Each week, AKVK selects records that coincide, collide or conspire with Ghost Acoustics.
Why Vinyl?
SB: My interest in vinyl records is as much about the music etched into the material, intent and gesture formed through electrical current into vinyl grooves, as the distribution systems and networks that move them around the world, the tiny little operations and efforts made by independent record labels and the enormous impact these cultural artifacts leave in their wake.
DM: I am interested in site-specific sounds. Sounds of spaces themselves or how spaces change sound is a key component in my work. For me, the vinyl record is like a site itself, a location that one must go to in order to hear what is inscribed on its surfaces. For Vinyl Kiosk, I have tried to select records that approach this idea in different ways.

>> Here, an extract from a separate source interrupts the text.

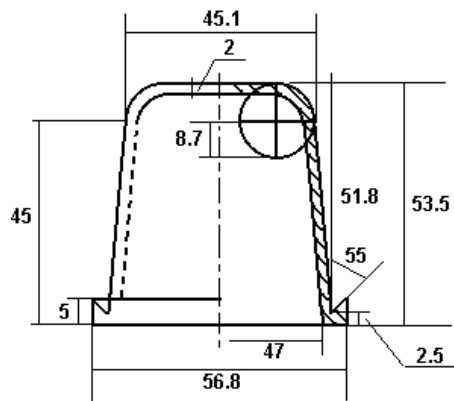

Tulipa Pegadora Lisa DLDB 0326411

JB: I am interested in records both as found objects and as aural material for my own film and animation work. Their superior archival quality and ubiquity make them a practical source to draw on as a sonic accompaniment that is temporally congruent to archival moving images.
As easily accessible references of a specific mode of time, process and technology, records fascinate me. However, one of the most interesting qualities is the materiality of records - how they are capable of holding more than just a sound recording. Dust, finger prints, someone’s scrawling in short hand…these marks point to something or someone outside the medium, often no longer here. These qualities evoke narratives. How did a particular recording make its way into someone’s possession? What did it mean to them?
For me, this representational dualism is a defining aspect of the specific medium of records.